GOAL OF THE EXERCISE |
Go through the listing below and show each line that has the word "Υλικό".

RECORD EXTRACTS |
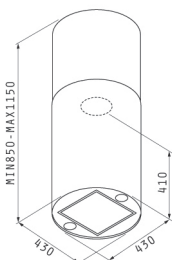

A 100 N Cilindro Isola N Νησίδα Οροφής

Υψηλή απόδοση με μοτέρ Turbo/210W.

- Απορροφητικότητα **950m³/h**.
- Στάθμη Θορύβου 47dB.
- Φωτισμός με 2 σποτ αλογόνου.
- Διακόπτες Ηλεκτρονικοί.
- Φίλτρα μεταλλικά πλενόμενα.
- Καμινάδα μεταβλητού μήκους.
- Υλικό κατασκευής **Inox 440/304**.
- Διαστάσεις 43cm.

Cilindro Isola N

Τύπος	Παροχή m ³ /h	Χρώμα	Διαστάσεις cm	Τιμή
Cilindro Isola N	950	Inox	43	€ 1468,00

A 126 N Lotus N Νησίδα Οροφής

Υψηλή απόδοση με μοτέρ Turbo/210W.

- Απορροφητικότητα **950m³/h**.
- Στάθμη Θορύβου 48dB.
- Φωτισμός με 2 σποτ αλογόνου.
- Διακόπτες Ηλεκτρονικοί.
- Φίλτρα μεταλλικά πλενόμενα.
- Καμινάδα μεταβλητού μήκους.
- Υλικό κατασκευής **Inox 440/304** και γυαλί ασφαλείας.
- Διαστάσεις 90cm.

Lotus N

Τύπος	Παροχή m ³ /h	Χρώμα	Διαστάσεις cm	Τιμή
Lotus N 90	950	Inox	90	€ 1328,00

FINISHED EXERCISE |
- Υλικό κατασκευής **Inox 440/304**.
- Υλικό κατασκευής **Inox 440/304** και γυαλί ασφαλείας.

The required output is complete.